HIVE server is running on port: 10000, Thrift on: 10001… Am i not supposed to connect to those with Dremio?

Let me know, thanks

Hi @dataedgehungary

The first error is a parsing error. Can you please check the syntax of the query?

The second error seems to come from the fact that you are using a transactional table. Can you please send me the output of “describe formatted PONTMASTERDB.BOLT;”

Thanks
@balaji.ramaswamy

Hi,

The first error is just literally clicking on the table. It tries to load the preview.

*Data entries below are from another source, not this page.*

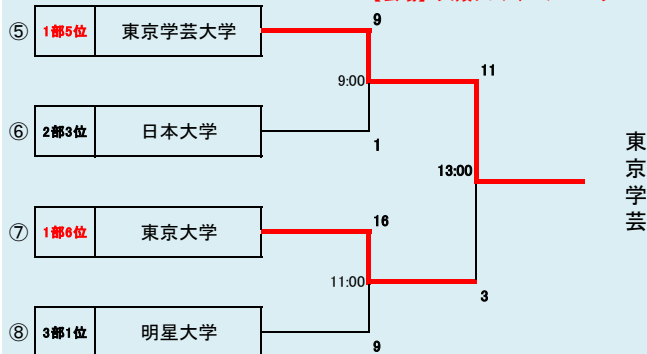

◀2019男子結果				◊2019女子結果			
優勝	日本体育大学	第54回インカレ出場	54回連続54回目	優勝	日本体育大学	第54回インカレ出場	54回連続54回目
準優勝	早稲田大学	第54回インカレ出場	54回連続54回目	準優勝	東京女子体育大学	第54回インカレ出場	54回連続54回目
3位	国士舘大学	第54回インカレ出場	54回連続54回目	3位	早稲田大学	第54回インカレ出場	15年連続16回目
4位	中央大学	2次予選会へ		4位	東京富士大学	2次予選会へ	
5位	東京学芸大学	2次予選会へ		5位	国士舘大学	2次予選会へ	
6位	東京大学	2次予選会へ	2部降格	6位	日本女子体育大学	2次予選会へ	2部降格

【男子】

2019/5/25 (土) 【会場】: 大類ソフトボールパークA
2019/5/26 (日) 予備日

【女子】

2019/5/11 (土) 【会場】: 西戸グラウンドA
2019/5/25 (土) 予備日

【会場】: 大類ソフトボールパークB

【会場】: 西戸グラウンドB

④第51回秋季リーグ戦結果

【男子一部】

2019秋	日体大	早稲田	国士館	中央大	学芸大	学習院	勝	負	分	得点	失点	順位
日体大	○	○	○	○	○	○	5	0	0	35	2	優勝
早稲田	●	○	○	○	○	○	4	1	0	46	21	2
国士館	●	●	○	○	○	○	3	2	0	16	19	3
中央大	●	●	●	○	○	○	2	3	0	17	33	4
学芸大	●	●	●	●	○	○	0	5	0	19	44	6
学習院	●	●	●	●	○	○	1	4	0	12	26	5

MVP: 福地簾 (日体大)、首位打者: 澤優輝 (早稲田)、最優秀防御率: 福地簾、板垣翔斐 (日体大)、小野弥佑 (国士館)

【男子二部】

2019秋	東京大	慶應大	日本大	立教大	明治大	明星大	勝	負	分	得点	失点	順位
東京大	—	● 5 - 6	● 4 - 5	● 0 - 10	● 4 - 12	● 5 - 7	0	5	0	18	40	6
慶應大	○ 6 - 5	—	△ 3 - 3	○ 6 - 2	○ 8 - 0	○ 20 - 1	4	0	1	43	11	優勝
日本大	○ 5 - 4	△ 3 - 3	—	○ 9 - 6	● 2 - 6	○ 12 - 9	3	1	1	31	28	3
立教大	○ 10 - 0	● 2 - 6	● 6 - 9	—	● 1 - 11	● 4 - 9	1	4	0	23	35	5
明治大	○ 12 - 4	● 0 - 8	○ 6 - 2	○ 11 - 1	—	○ 8 - 1	4	1	0	37	16	2
明星大	○ 7 - 5	● 1 - 20	● 9 - 12	○ 9 - 4	● 1 - 8	—	2	3	0	27	49	4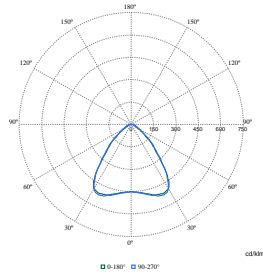

Polar Normal (separate) - SM340CI - 910925867116

Polar Normal (separate) - SM340CI - 910925867134

Polar Wide Diagrams

Polar Normal (separate) - SM340CI - 910925867109

Polar Normal (separate) - SM340CI - 910925867869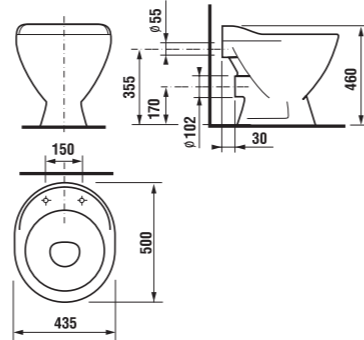

Číslo výrobku	Popis výrobku	Cena
8.5104.6.000.000.1	stojacia výlevka MIRA s plastovou mriežkou	172,37 €
Náhradné diely:		
8.9504.9.000.000.1	sklopná plastová mriežka	10,66 €
Objednať zvlášť:		
8.9299.9.000.000.1	inštalácia súprava	0,77 €
8.9770.1.000.000.1	gumová vložka – tesnenie prívodu vody	0,70 €
8.9371.0.000.000.1	plastová nádržka pre samostatne stojace klozety, bočný prívod vody 3/8", Dual Flush 3/6l, vrátane kolena, NOVINKA, k dispozícii od mája 2013	33,62 €

Yes, I am using a transactional table ACID

| Detailed Table Information | Table(tableName:vasarlas_2011068, dbName:pontmasterdb, owner:root, createTime:1548252921, lastAccessTime:0, retention:0, sd:StorageDescriptor(cols:[FieldSchema(name:id, type:bigint, comment:null), FieldSchema(name:kreditkartyaid, type:bigint, comment:null), FieldSchema(name:vevoid, type:bigint, comment:null), FieldSchema(name:partnerid, type:bigint, comment:null), FieldSchema(name:boltid, type:bigint, comment:null), FieldSchema(name:kartyaszam, type:string, comment:null), FieldSchema(name:esemenydatumido, type:string, comment:null), FieldSchema(name:azonosito, type:string, comment:null), FieldSchema(name:vasarlasosszeg, type:int, comment:null), FieldSchema(name:forrastipus, type:int, comment:null), FieldSchema(name:forrasid, type:bigint, comment:null), FieldSchema(name:penztargepazonosito, type:string, comment:null), FieldSchema(name:datumido, type:string, comment:null), FieldSchema(name:verzio, type:bigint, comment:null), FieldSchema(name:eszkozid, type:bigint, comment:null), FieldSchema(name:penztarosid, type:bigint, comment:null), FieldSchema(name:oper, type:string, comment:null)], location:hdfs://master1.hadoop:8020/data/warehouse/tablespace/managed/hive/pontmasterdb.db/vasarlas_2011068, inputFormat:org.apache.hadoop.mapred.TextInputFormat, outputFormat:org.apache.hadoop.hive.ql.io.HiveIgnoreKeyTextOutputFormat, compressed:false, numBuckets:-1, serdeInfo:SerDeInfo(name:null, serializationLib:org.apache.hadoop.hive.serde2.lazy.LazySimpleSerDe, parameters:{serialization.format=, line.delim=\n, field.delim=}), bucketCols:[], sortCols:[], parameters:{}, skewedInfo:SkewedInfo(skewedColNames:[], skewedColValues:[], skewedColValueLocationMaps:{}), storedAsSubDirectories:false), partitionKeys:[], parameters:{totalSize=575641648, numRows=0, rawDataSize=0, transactional_properties=insert_only, numFiles=4, transient_lastDdlTime=1548252930, bucketing_version=2, comment=Imported by sqoop on 2019/01/23 09:15:16, transactional=true}, viewOriginalText:null, viewExpandedText:null, tableType:MANAGED_TABLE, rewriteEnabled:false, catName:hive, ownerType:USER, writeId:1) |

I managed to get on further with the “hive.metastore.capability.check false”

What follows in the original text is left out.